# Ant sounds from "Them"



## Dinosaur1972

I'll try to work on these tomorrow and get them to you tomorrow night.


----------



## nightbeasties

This video:
http://www.metacafe.com/watch/213972/them/

Can be downloaded, converted to wav or mp3, and you can cut out the sounds you need with a free program like Audacity. Unless you have something better.

Does that help?

eta- sorry I didn't see someone had already replied!


----------



## Dark lord

I loved that movie, those 'ol black & white 50's horror flicks were just corny enough to enjoy ! Here's a sound file I extended from that movie. 
http://www.4shared.com/audio/8v5deAuB/Them_2.html


----------



## Dinosaur1972

Love all the bug movies ... Them, Tarantula, Black Scorpion ... and my favorite, the Deadly Mantis.


----------



## Dinosaur1972

THEM Ants.


----------



## talkingcatblues

I just watched that movie again a couple of months ago - thanks for the sound effect!


----------



## Decorinator

We adored this movie as kids - seemed like they reran it constantly - at the time it seemed so plausible, and it scared the dickens out of us!
After we'd seen it often enough, we loved to imitate the zoned out little girl, "Them, Them, THEM!

Thanks for the download, Dark Lord.

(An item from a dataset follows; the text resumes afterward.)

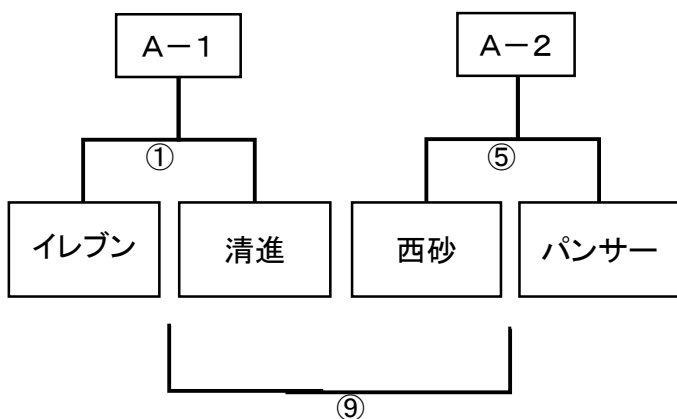

1日開催の場合

予選トーナメント
Aブロック

Not sure where I can use it, but a creepy sound that's definitely worth having!


----------



## Dark lord

& if anyone remembers all these being run on sat nite favorite in the 70's- Creature Features with Bob Wilkins ! 
Popcorn & corny black 'n white Scfi's on Creature Features, & I don't care how old that makes me feel, cause those WERE the days ! 

Thanx Dinosaur1972, those are great, better than the one I found on youtube.


----------